Thanks to demand from Millennials and Generation Z, the investment landscape is starting to take a new shape. To make better informed choices and help recruit more capital into investments that will make a difference, we must unpack the differences between the two. In many instances, these terms are grouped together, and by calling out the differences, we create the room to help investors make better decisions on how to contribute to the world’s biggest problems.

The ABCs of ESG and Impact Investing

ESG investing is the systematic incorporation of environmental, social and governance (ESG) factors where material to performance. As a more holistic analysis than traditional investing, ESG integration is often pursued as a means of improving investment performance. The specific ESG factors included may be selected according to materiality to financial performance of the portfolio and/or relevance to the asset owners.

ESG is used commonly in public markets strategies and can involve screening out investments that do not meet ESG criteria. ESG criteria allow for more stakeholder advocacy because they force companies to track and report how they are doing with regards to a range of topics, including issues such as pollution and worker safety.

On the other hand, impact investing at present is commonly applied in private markets strategies that intentionally seek investments that contribute measurable solutions to global challenges like the United Nations Sustainable Development Goals (SDGs).

Enough room for everyone

There is room for both ESG and impact investment strategies in the market, and investors may want to allocate funds to each in different proportions. Both can deliver superior financial performance and make the world a better place, but they work in different ways, and there are some overlaps between the two strategies (see Figure 1).

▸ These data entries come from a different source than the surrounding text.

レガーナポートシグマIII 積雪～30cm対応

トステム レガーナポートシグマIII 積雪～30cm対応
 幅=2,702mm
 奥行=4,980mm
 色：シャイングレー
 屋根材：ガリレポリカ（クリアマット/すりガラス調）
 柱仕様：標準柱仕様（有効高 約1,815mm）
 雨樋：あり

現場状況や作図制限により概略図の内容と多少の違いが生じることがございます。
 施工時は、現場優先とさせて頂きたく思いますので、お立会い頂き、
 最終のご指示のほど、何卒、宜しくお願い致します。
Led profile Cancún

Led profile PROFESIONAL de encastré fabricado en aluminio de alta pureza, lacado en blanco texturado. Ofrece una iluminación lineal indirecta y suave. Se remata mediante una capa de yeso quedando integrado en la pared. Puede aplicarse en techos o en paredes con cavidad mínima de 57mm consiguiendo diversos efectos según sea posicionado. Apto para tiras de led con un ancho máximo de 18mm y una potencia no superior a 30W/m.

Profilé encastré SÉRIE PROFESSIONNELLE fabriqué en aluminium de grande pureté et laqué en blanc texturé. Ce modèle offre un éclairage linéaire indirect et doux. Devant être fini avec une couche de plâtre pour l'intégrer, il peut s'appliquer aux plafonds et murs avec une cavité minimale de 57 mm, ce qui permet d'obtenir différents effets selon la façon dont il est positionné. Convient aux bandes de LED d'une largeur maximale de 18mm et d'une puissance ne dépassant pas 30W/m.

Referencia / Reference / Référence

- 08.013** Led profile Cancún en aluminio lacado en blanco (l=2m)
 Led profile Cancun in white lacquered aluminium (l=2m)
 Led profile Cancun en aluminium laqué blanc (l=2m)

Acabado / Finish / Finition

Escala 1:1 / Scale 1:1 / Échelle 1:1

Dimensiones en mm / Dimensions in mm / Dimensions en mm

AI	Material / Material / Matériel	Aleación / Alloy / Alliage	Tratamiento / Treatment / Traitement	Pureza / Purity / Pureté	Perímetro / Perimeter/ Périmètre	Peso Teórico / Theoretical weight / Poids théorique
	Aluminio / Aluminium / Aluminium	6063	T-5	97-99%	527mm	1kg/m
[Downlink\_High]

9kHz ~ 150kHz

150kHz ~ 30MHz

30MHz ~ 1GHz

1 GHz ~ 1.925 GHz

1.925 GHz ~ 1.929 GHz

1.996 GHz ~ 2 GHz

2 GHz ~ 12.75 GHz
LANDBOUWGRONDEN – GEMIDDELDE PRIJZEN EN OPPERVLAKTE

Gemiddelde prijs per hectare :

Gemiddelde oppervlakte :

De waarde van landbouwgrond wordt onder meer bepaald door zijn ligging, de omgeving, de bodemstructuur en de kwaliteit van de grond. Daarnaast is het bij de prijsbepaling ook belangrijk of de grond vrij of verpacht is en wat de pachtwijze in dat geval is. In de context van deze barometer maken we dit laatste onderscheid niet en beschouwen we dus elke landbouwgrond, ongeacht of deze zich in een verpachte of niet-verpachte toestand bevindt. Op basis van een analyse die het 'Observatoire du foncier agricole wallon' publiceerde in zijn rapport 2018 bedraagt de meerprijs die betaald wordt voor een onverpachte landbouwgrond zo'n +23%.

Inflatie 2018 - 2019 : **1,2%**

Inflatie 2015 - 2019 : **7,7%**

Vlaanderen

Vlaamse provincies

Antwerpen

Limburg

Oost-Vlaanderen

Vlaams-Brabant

For example, most Impact Investors will screen for, and manage, ESG risk as part of their investment practices. Indeed, the Operating Principles for Impact Management — adopted by over 100 investors globally — requires this. And ESG investing can generate meaningful positive impact when corporate leaders change their behavior because of those pressures, or when those pressures create a big enough influence on capital markets to lower the cost of capital for firms generating positive impacts.

Figure 1: Comparison of actions taken at each stage of typical investment process by ESG and impact investing strategies

Despite these commonalities and the fact that many advisors lump ESG and impact strategies into a broader bucket of ‘sustainable’ investments, there are three requirements of investors to ensure their investments are impact investments and not ESG: 1) selection of assets with intent for impact, 2) a contribution to the impact of the investee firm, and 3) objective measurement of that impact.

Avoiding ‘impact washing’

These practices, enshrined in the Operating Principles for Impact Management, are what ensure that investments make a real, positive impact, and help the market avoid ‘impact washing,’ in which investors claim they have had an impact by claiming credit for outcomes that would have happened anyway.

Here is why:

Intent: Impact investors believe that capital can be purposefully invested to solve the world’s most difficult and intractable problems, such as ending gender discrimination, combatting climate change, eliminating poverty, stopping systemic racism and thwarting rising inequality, and that, therefore, screening out companies based on practices that could be potentially be harmful isn’t enough. We won’t solve these problems unless we allocate capital to create solutions to solve them. For example, AXA Investment Managers launched a $200 million Climate & Biodiversity fund in 2019 to deploy capital into credible solutions that address climate change and slow the loss of biodiversity.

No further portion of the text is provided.